Las
pisadas del escritor/VERÓNICA
ESPINOSA
Proceso 1993, 10 de enero de 2015
“Quiero
que escriba lo que usted vio, señora”, me dijo don Julio desde el otro lado del
teléfono ese diciembre de 2010.
A
Diego Fernández de Cevallos lo habían secuestrado siete meses antes, un 14 de
mayo. En ese lapso yo había regresado una y otra vez a Querétaro, a los ranchos
del excandidato, a ver a sus amigos, a sus vecinos, a sus empleados.
Me
senté muchas tardes con sus hermanas Beatriz, Helena y María afuera de la
casona de la exhacienda de San Germán, en San Juan del Río.
Intentaba
descifrar un secuestro que terminó como inició: inmerso en rumores, dudoso en
el móvil y los autores, los tiempos y lugares donde Fernández de Cevallos
desapareció y reapareció. El gobierno del panista Felipe Calderón, hermético y
omiso en esto como en tanto más, alimentó la falta de certezas.
Don
Julio estaba preparando un libro, Historias de muerte y corrupción, y quería
que yo escribiera unas cuartillas sobre el secuestro, con base en lo que vi.
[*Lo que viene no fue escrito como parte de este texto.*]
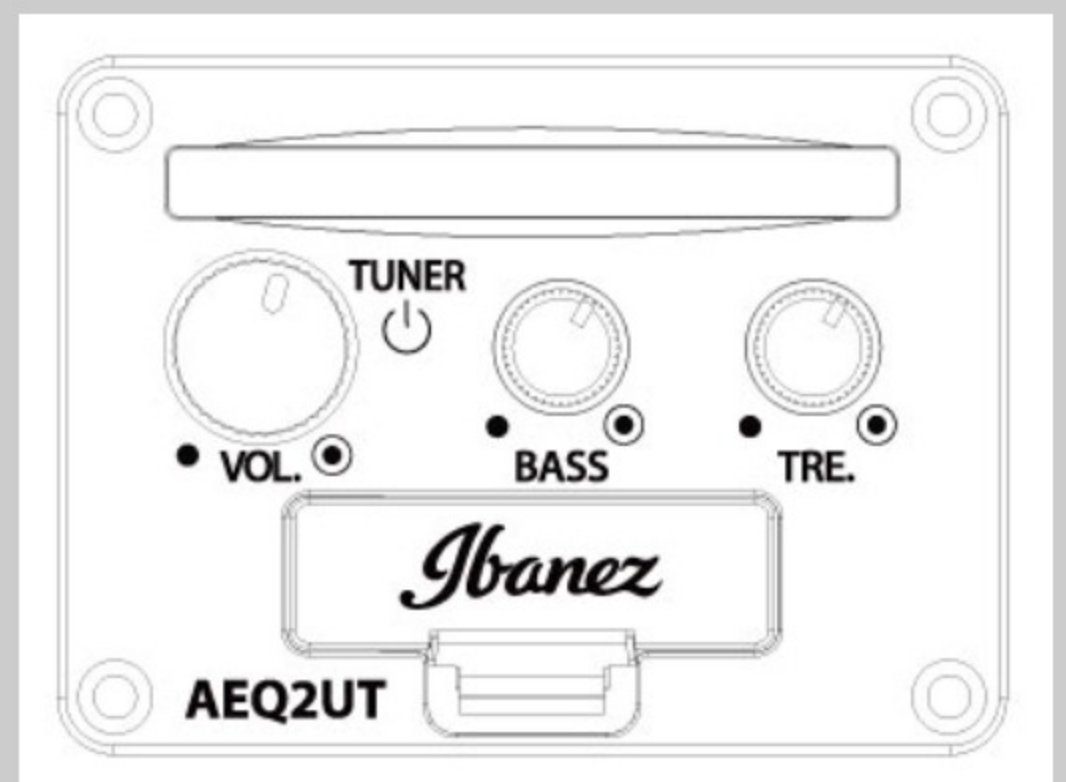

ALT30FM

COLOR VARIATION :

RDB : Red Doom Burst High Gloss

SHARE :  

SPEC

SPECS

body shape	Altstar body
top	Flamed Maple top
back & sides	Sapele back & Sapele sides
neck	Comfort Grip / Maple neck
fretboard	Walnut fretboard
bridge	Walnut bridge
inlay	Altstar specially designed inlay
tuning machine	Chrome Die-cast tuners (18:1 gear ratio)
number of frets	22
bridge pins	Ibanez Advantage™
strings	Ibanez IACS61C
string gauge	.010/.014/.023/.030/.039/.047
string space	10.5mm
factory tuning	1E,2B,3G,4D,5A,6E
pickup	Ibanez Undersaddle
preamp	Ibanez AEQ-2UT preamp w/Onboard tuner
output jack	1/4" output

NECK DIMENSIONS

Scale :	648mm
a : Width	43mm at NUT
b : Width	55mm at 16F
c : Thickness	20mm at 1F
d : Thickness	21mm at 7F
Radius :	400mmR

DESCRIPTION +

BODY DIMENSIONS

a : Length	18 1/8"
b : Width	14 5/8"
c : Max Depth	4 3/8"

DESCRIPTION +

PREAMP

DESCRIPTION +

OTHER FEATURES

Recommended Case	GA50C
16th fret joint	
Large fret	
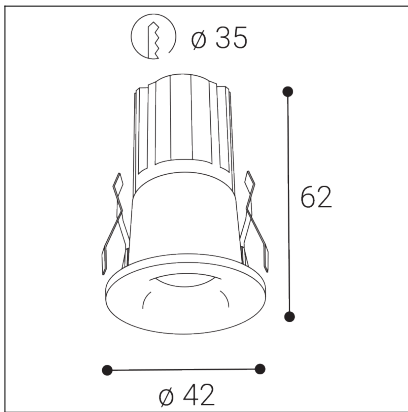

SPOT MINI C, B

| |
|--|
| Code: 2050423 |
| Color: BLACK / 9005 |
| Material: ALUMINIUM/PMMA |
| Power: 7W |
| Color temperature: 2700K |
| Lumen output: 490lm |
| Efficacy: 70lm/W |
| Color rendering index: 90+ |
| SDCM: < 3 |
| Light beam angle: 30° |
| Light Source: LED |
| Dimmable: ON/OFF |
| LED lifetime: L80B20 50.000h |
| Driver: 150 mA |
| Voltage / Frequency: 220-240V AC, 50-60Hz |
| Dimensions luminaire: d42x62 mm |
| Package dimensions: 100x100x130 mm |

“Quiero incluirlas en mi libro”, dijo antes de colgar desde las oficinas de
Proceso.
Primero
pasé el susto por la llamada, esperando –como le pasa siempre al reportero– un
jalón de orejas antes que otra cosa. Entonces pasé al otro susto.
A
sugerencia del subdirector de Información, Salvador Corro, había reunido
apuntes en una apretada bitácora de mis recorridos desde mediados de mayo,
cuando se supo que Diego había sido secuestrado en su rancho La Cabaña, en
Pedro Escobedo, territorio queretano donde era y es amo y señor.
En
mi registro se amontonaban los pasajes anecdóticos del niño Diego, del
político, el hermano y el candidato, porque sus hermanas –las tres
desparpajadas mujeres que fumaban puros y bebían leche con algún licor
indescifrable mientras esperaban el desenlace del secuestro– me entregaban en
esas conversaciones los pincelazos del personaje, que yo creí suficientes para
satisfacer la petición de don Julio.
Se
cumplió el plazo que me dio para entregarle las cuartillas, y llamó desde
Proceso. Yo estaba de vacaciones, escribiendo las últimas líneas en un hotel
frente al mar. Desde ahí le envié seis cuartillas con el encabezado: El mismo
Diego.
No
esperé más de un par de minutos. De nuevo al teléfono, don Julio me dio la
lección íntima, inolvidable, en ese momento tan dolorosa. No hubo prolegómenos.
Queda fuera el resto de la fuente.